(Data records)
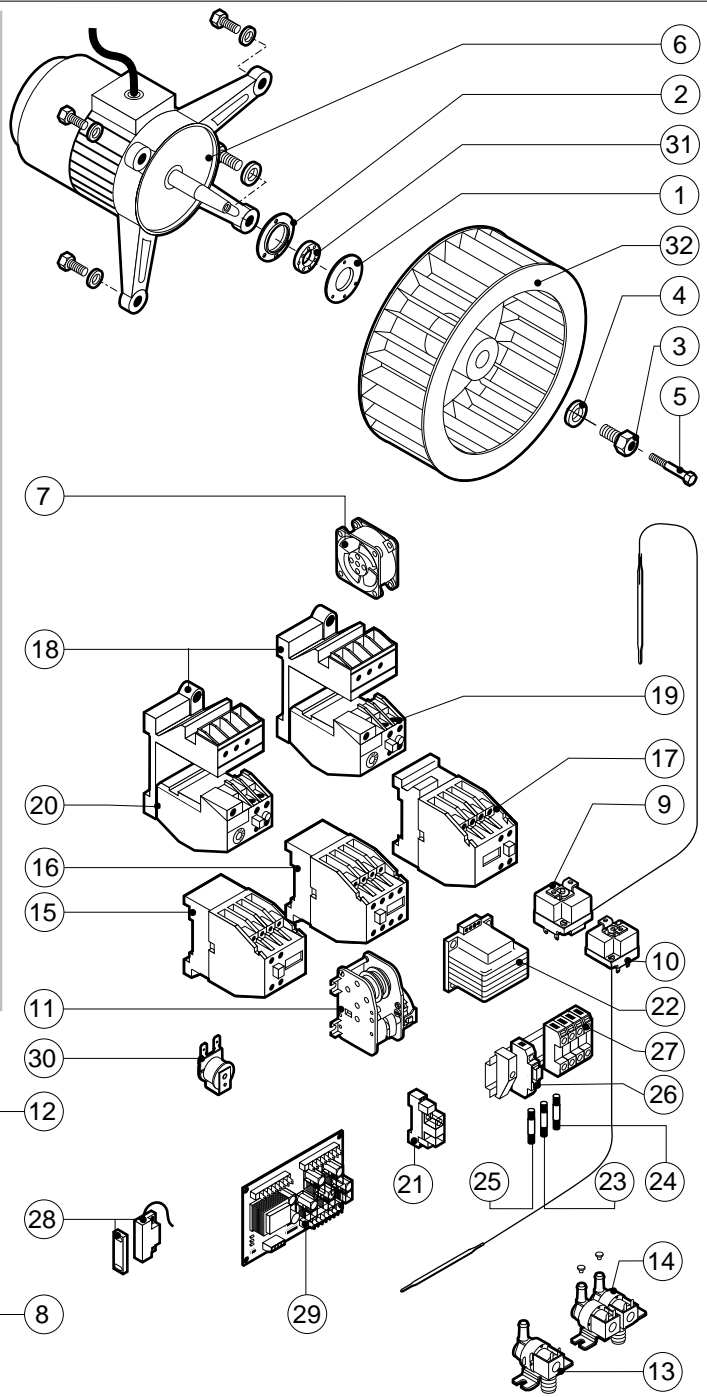

POS.	CODICE	PEZZI	DESCRIZIONE
1	R03200970	1	FLANGIA BOCCOLA POSTERIORE
2	R10201330	1	CERNIERA INFERIORE C/FERMO
3	R10202950	1	ASTINA INFERIORE PUNTONI
4	R10202960	1	ASTINA SUPERIORE PUNTONI
5	R10207640	1	PORTA
6	R10207680	2	PIASTRINA SEDE PUNTONE
7	R10208290	1	GUIDA INFERIORE PIOLINO FERMO COPERTURA
8	R10208300	1	GUIDA SUPERIORE PIOLINO FERMO COPERTURA
9	R10208350	1	PROTEZIONE PORTA
10	R10400150	2	PROTEZIONE LAMPADA
11	R10411350	1	SQUADRETTA INFERIORE PUNTONI
12	R10411360	1	SQUADRETTA SUPERIORE PUNTONI
13	R10413290	1	CERNIERA SUPERIORE
14	R10456040	2	CERNIERA INFERIORE PROTEZIONE PORTA
15	R10456050	1	CERNIERA SUPERIORE PROTEZIONE PORTA
16	R10456510	1	CONTROPORTA
17	R58002150	1	PERNO SUPERIORE CERNIERA
18	R58002540	1	CHIAVETTA PER PERNO PORTA
19	R58002550	1	PATTINO FERMO PORTA

POS.	CODICE	PEZZI	DESCRIZIONE
20	R58002560	1	PRESSORE FERMO PORTA
21	R58002570	1	RONDELLA Ø 30/15x3
22	R58003180	1	PERNO MANIGLIA
23	R58003450	1	MANIGLIA
24	R58004050	1	DADO PER PERNO CERNIERA SUPERIORE
25	R58004781	1	GANCIO PERNO MANIGLIA C/NOTTOLO
26	R58006370	1	VITE BLOCCAGGIO PERNO MANIGLIA
27	R61090052	1	VITE STEI M6x16
28	R61100262	1	VITE STCI M8x20
29	R61420021	1	RONDELLA ELASTICA
30	R61620091	16	MOLLA A TAZZA Ø 14/6.4
31	R65270020	2	LAMPADA ALOGENA 20W 12V G4
32	R65270400	2	PORTALAMPADA PER LAMPADA ALOGENA
33	R69015050	1	MANIGLIA COMPLETA
34	R70040200	4	GUARNIZIONE CRISTALLO
35	R70040800	2	GUARNIZIONE COPRILAMPADA
36	R70042050	1	GUARNIZIONE PORTA
37	R71030120	2	CRISTALLO PORTA

### What to do
The answer must be the lines from the first one in the records through the line containing "INFERIORE PIOLINO FERMO COPERTURA", copied exactly, with no pictures.

### Answer space
POS.	CODICE	PEZZI	DESCRIZIONE
1	R03200970	1	FLANGIA BOCCOLA POSTERIORE
2	R10201330	1	CERNIERA INFERIORE C/FERMO
3	R10202950	1	ASTINA INFERIORE PUNTONI
4	R10202960	1	ASTINA SUPERIORE PUNTONI
5	R10207640	1	PORTA
6	R10207680	2	PIASTRINA SEDE PUNTONE
7	R10208290	1	GUIDA INFERIORE PIOLINO FERMO COPERTURA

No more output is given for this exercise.